=== DATA LISTING ===

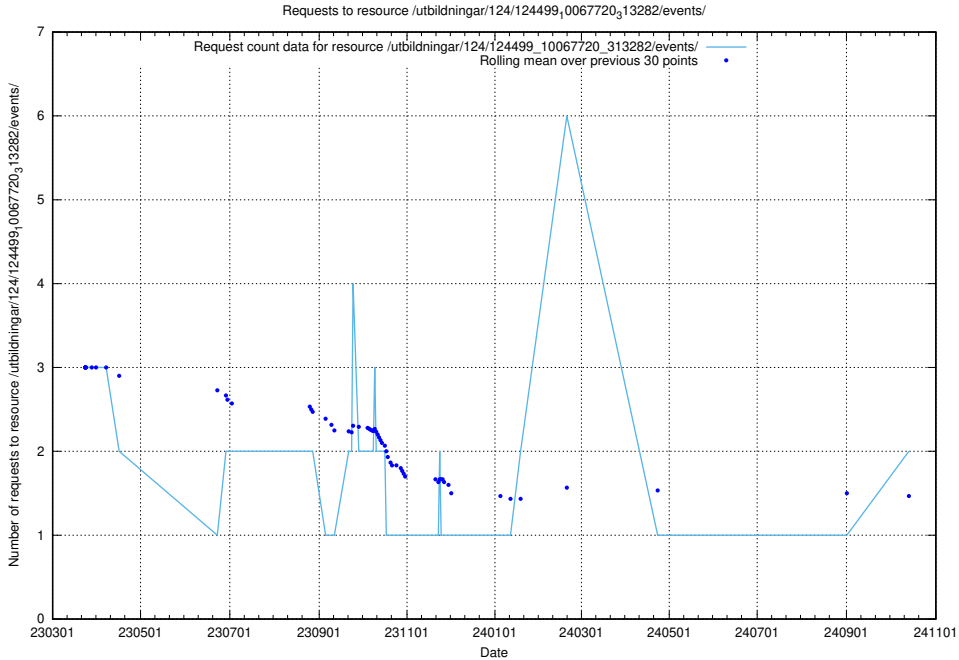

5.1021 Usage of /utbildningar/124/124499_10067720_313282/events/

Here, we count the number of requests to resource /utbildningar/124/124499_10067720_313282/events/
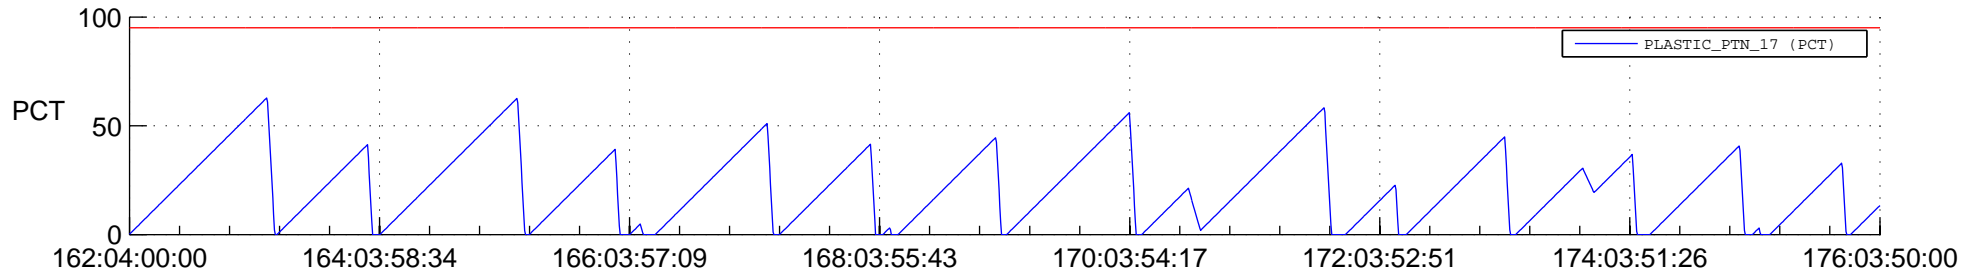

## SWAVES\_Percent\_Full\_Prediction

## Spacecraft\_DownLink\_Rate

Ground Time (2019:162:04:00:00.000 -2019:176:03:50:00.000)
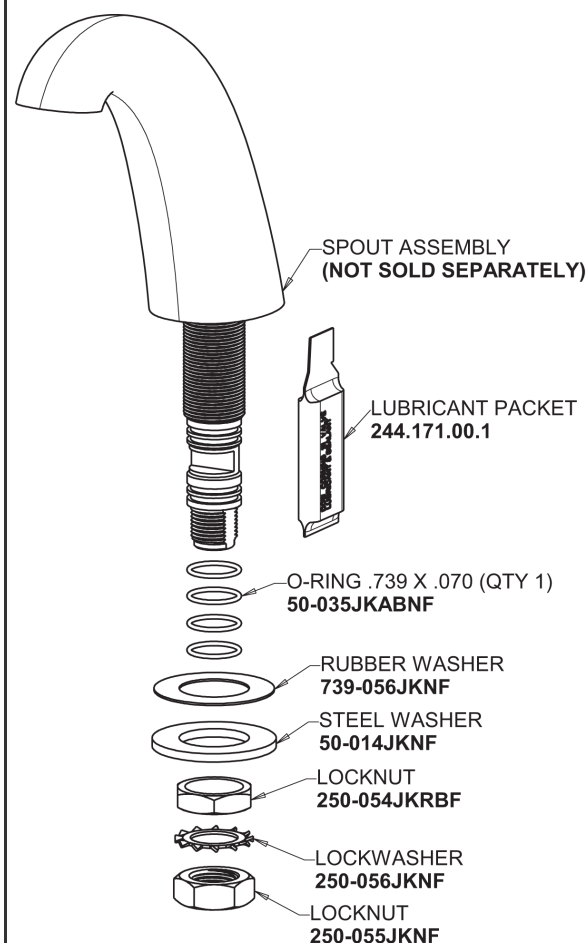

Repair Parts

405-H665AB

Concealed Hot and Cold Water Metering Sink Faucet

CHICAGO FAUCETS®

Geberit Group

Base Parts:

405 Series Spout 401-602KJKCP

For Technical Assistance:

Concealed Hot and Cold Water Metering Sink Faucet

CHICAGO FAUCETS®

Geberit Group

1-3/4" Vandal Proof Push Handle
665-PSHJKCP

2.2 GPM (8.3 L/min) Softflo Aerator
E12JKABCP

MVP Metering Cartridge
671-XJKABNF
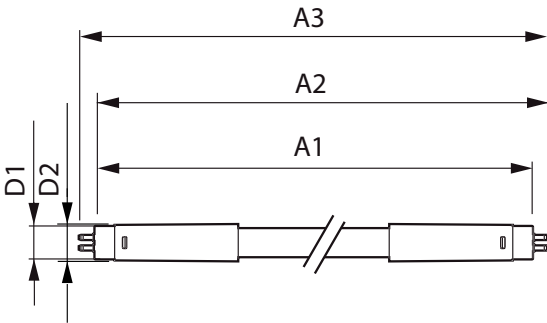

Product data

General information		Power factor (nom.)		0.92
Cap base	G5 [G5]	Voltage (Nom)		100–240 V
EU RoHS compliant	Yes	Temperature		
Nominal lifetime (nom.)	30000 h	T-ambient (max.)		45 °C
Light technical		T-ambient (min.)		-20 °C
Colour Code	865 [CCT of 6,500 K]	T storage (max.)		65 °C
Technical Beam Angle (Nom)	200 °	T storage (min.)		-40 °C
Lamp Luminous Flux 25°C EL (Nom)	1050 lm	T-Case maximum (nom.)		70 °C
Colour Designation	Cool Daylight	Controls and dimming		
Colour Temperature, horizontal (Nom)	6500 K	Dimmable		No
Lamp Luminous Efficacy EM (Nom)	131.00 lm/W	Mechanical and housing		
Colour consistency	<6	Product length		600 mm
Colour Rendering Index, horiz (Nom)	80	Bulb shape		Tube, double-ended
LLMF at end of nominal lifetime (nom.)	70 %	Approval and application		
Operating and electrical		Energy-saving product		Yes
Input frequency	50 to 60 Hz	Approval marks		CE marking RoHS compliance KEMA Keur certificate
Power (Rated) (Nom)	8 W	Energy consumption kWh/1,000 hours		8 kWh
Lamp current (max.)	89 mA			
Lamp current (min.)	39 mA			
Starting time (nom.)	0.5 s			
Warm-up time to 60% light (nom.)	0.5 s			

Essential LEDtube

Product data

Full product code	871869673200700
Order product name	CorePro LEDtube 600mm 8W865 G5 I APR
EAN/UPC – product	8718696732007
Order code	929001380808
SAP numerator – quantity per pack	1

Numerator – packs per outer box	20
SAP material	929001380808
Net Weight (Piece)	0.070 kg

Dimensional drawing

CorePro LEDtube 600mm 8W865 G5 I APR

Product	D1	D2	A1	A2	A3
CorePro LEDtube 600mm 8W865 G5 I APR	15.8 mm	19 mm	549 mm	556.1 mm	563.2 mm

===

**PROBLEM STATEMENT**
Within the data above, find the lines that contain the word "events" and copy each of them.

**SOLUTION TO THIS EXERCISE**
5.1021 Usage of /utbildningar/124/124499_10067720_313282/events/
Here, we count the number of requests to resource /utbildningar/124/124499_10067720_313282/events/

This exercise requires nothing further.